(Beginning of THE INPUT)
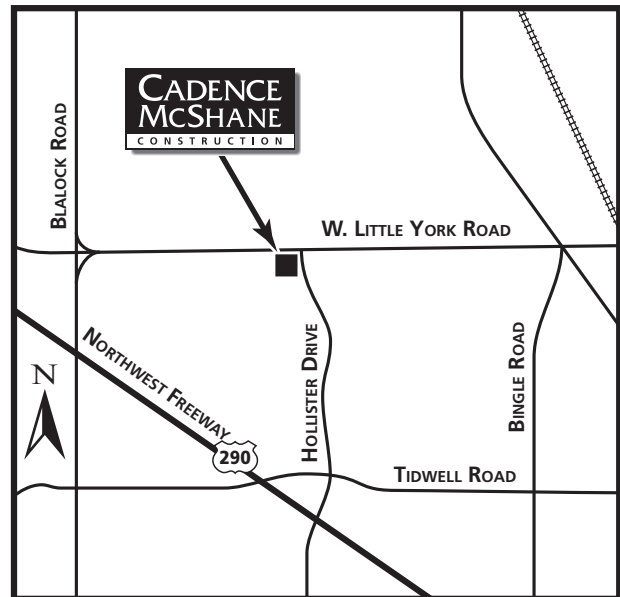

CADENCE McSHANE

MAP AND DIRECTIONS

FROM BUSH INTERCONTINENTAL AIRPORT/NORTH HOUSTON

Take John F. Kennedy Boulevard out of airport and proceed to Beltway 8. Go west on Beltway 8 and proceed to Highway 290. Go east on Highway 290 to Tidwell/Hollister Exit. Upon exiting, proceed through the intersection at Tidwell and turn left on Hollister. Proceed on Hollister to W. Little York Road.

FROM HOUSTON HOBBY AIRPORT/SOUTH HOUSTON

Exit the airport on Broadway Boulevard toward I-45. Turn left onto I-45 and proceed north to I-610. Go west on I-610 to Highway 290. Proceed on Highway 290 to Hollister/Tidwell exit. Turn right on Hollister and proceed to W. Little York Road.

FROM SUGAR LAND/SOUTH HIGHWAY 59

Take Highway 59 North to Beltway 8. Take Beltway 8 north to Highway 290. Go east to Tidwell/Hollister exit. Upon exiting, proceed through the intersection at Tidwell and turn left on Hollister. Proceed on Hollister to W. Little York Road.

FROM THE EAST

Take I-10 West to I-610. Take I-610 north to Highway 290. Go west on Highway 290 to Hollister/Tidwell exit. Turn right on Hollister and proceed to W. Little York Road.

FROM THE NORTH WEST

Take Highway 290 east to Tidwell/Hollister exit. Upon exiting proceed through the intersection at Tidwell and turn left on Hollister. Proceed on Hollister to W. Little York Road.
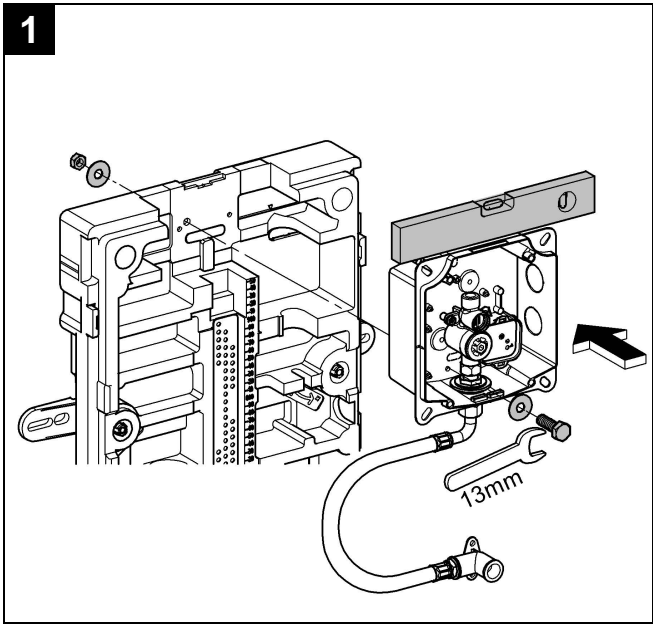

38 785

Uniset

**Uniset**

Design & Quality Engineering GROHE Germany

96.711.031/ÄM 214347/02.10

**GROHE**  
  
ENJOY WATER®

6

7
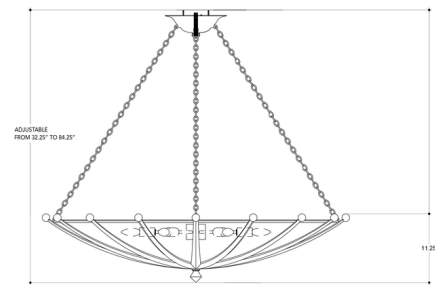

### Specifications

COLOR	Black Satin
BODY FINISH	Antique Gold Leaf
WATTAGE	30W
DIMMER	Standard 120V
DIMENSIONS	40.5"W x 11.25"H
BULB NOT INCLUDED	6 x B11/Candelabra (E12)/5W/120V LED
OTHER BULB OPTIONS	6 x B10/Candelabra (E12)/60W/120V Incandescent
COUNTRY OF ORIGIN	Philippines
(End of THE INPUT)
(Beginning of THE INPUT)
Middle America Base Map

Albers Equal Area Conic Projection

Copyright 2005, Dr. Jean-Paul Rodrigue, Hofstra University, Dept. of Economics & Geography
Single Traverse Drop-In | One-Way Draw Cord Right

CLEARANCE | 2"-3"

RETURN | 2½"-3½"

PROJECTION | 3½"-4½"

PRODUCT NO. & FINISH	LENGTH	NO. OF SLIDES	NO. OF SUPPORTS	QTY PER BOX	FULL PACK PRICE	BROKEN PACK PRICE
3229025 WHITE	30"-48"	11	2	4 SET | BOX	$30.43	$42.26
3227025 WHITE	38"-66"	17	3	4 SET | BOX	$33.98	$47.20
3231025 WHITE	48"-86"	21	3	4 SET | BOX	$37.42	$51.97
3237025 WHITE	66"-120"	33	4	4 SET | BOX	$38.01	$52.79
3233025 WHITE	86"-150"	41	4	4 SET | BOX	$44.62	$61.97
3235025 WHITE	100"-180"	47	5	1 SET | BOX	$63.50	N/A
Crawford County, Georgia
(End of THE INPUT)
WHAT TO WORK ON
Only one part of the material above is to be transcribed, namely the lines starting with the line that has "CADENCE McSHANE" and going on through the line that has "FROM THE EAST", exactly as they stand.

EXERCISE SOLUTION
CADENCE McSHANE

MAP AND DIRECTIONS

FROM BUSH INTERCONTINENTAL AIRPORT/NORTH HOUSTON

Take John F. Kennedy Boulevard out of airport and proceed to Beltway 8. Go west on Beltway 8 and proceed to Highway 290. Go east on Highway 290 to Tidwell/Hollister Exit. Upon exiting, proceed through the intersection at Tidwell and turn left on Hollister. Proceed on Hollister to W. Little York Road.

FROM HOUSTON HOBBY AIRPORT/SOUTH HOUSTON

Exit the airport on Broadway Boulevard toward I-45. Turn left onto I-45 and proceed north to I-610. Go west on I-610 to Highway 290. Proceed on Highway 290 to Hollister/Tidwell exit. Turn right on Hollister and proceed to W. Little York Road.

FROM SUGAR LAND/SOUTH HIGHWAY 59

Take Highway 59 North to Beltway 8. Take Beltway 8 north to Highway 290. Go east to Tidwell/Hollister exit. Upon exiting, proceed through the intersection at Tidwell and turn left on Hollister. Proceed on Hollister to W. Little York Road.

FROM THE EAST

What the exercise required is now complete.